> Exercise prompt:
Tally the lines in the following entries that include the word "Mojave"; state only the total.

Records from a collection

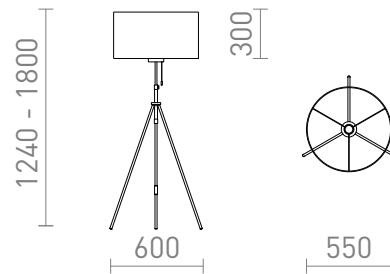

## LUTON/RON

An elegant floor lamp with a fabric shade. Has a height-adjustable lacquered metal base with brass accessories. Suitable for LED E27 light sources.

adviesverkoopprijs EUR incl. BTW

R14067	LUTON/RON 55 staande lamp Polykatoen wit/zwart/metaal 230V LED E27 11W	268,00
R14068	LUTON/RON 55 staande lamp Polykatoen zwart/zwart/metaal 230V LED E27 11W	268,00
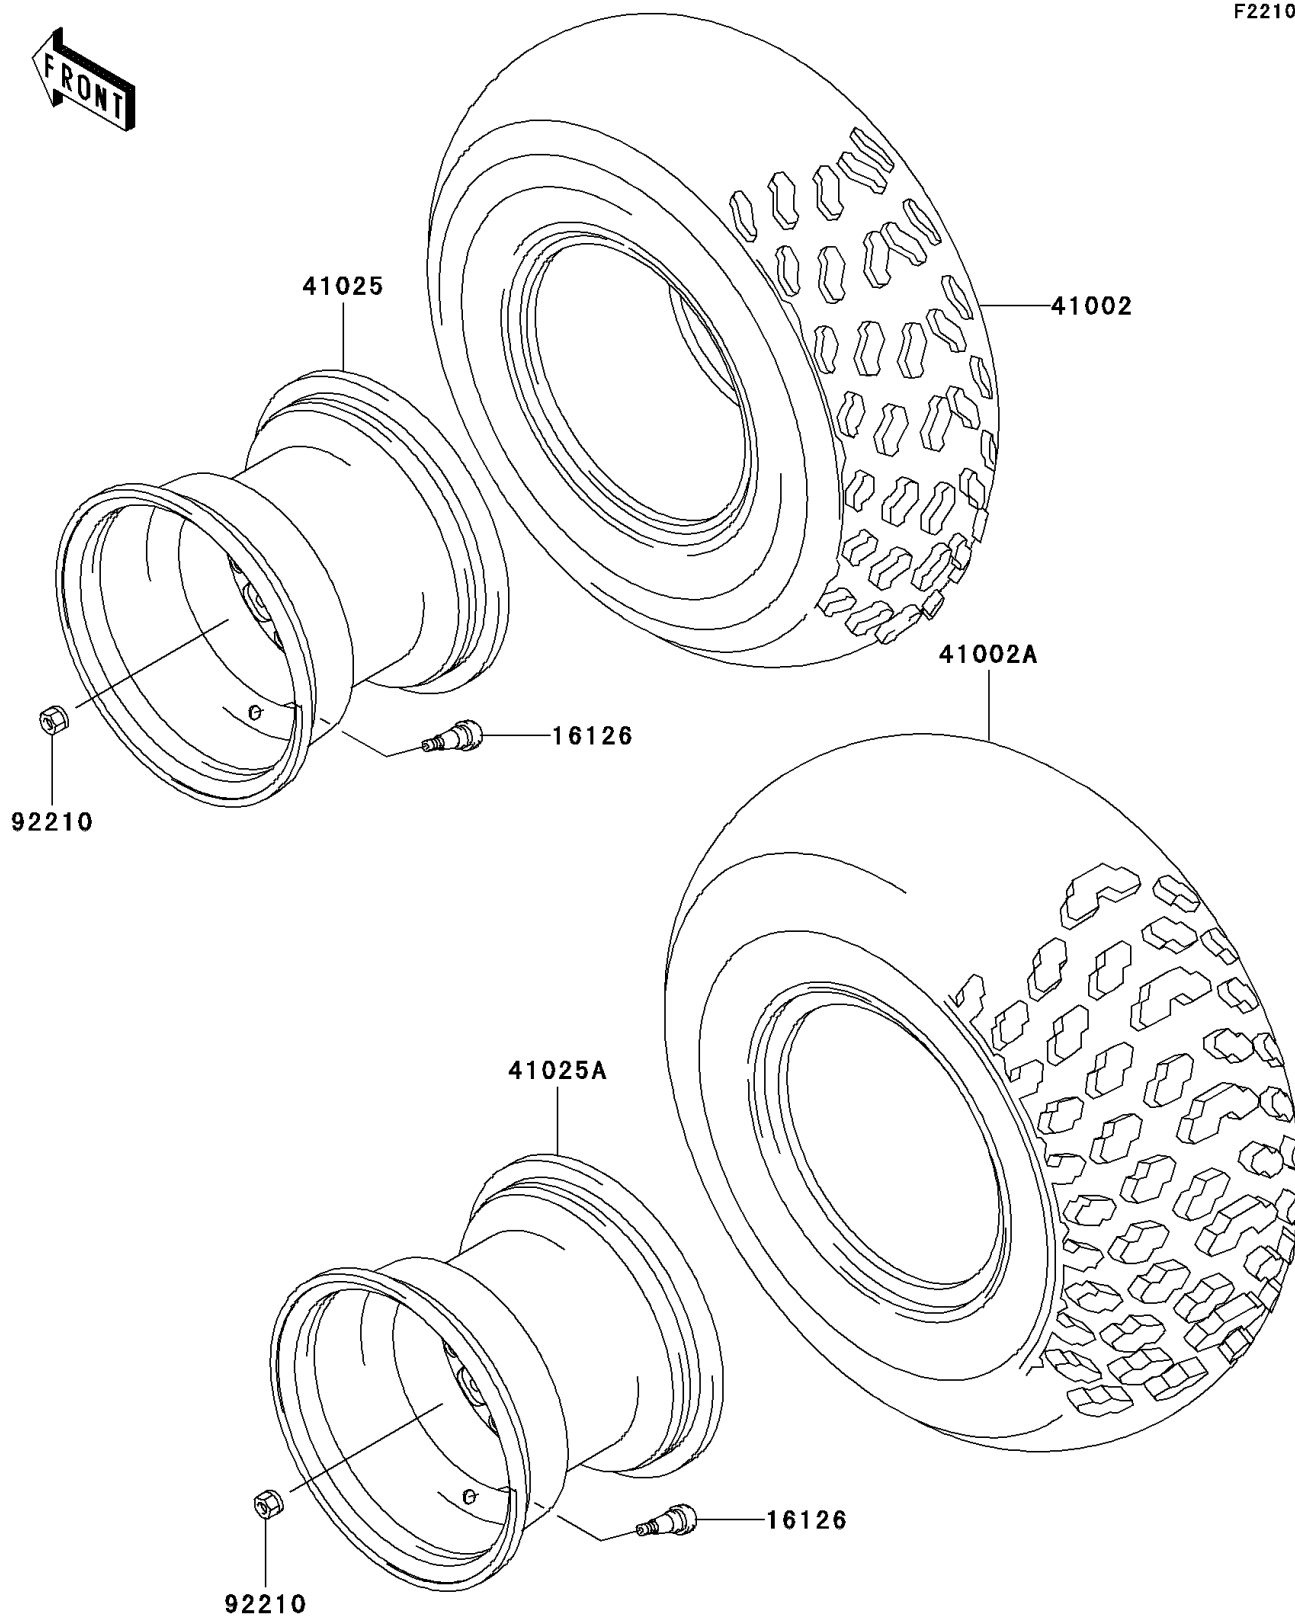

2003 Mojave 250 PARTS DIAGRAM

Wheels/Tires

F2210

2003 Mojave 250 PARTS LIST

Wheels/Tires

ITEM NAME	PART NUMBER	QUANTITY
VALVE (Ref # 16126)	16126-4001	1
TIRE,FR,21X7.00-10,KT846(D) (Ref # 41002)	41002-1588	1
TIRE,RR,AT22X10-10,KT847M(D) (Ref # 41002A)	41002-1671	1
RIM,FR,10X5.5,SILVER NO.40 (Ref # 41025)	41025-1150-5A	1
RIM,RR,10X8.5,SILVER NO.40 (Ref # 41025A)	41025-1151-5A	1
NUT,LOCK,10MM (Ref # 92210)	92210-1204	1

> Your response:
2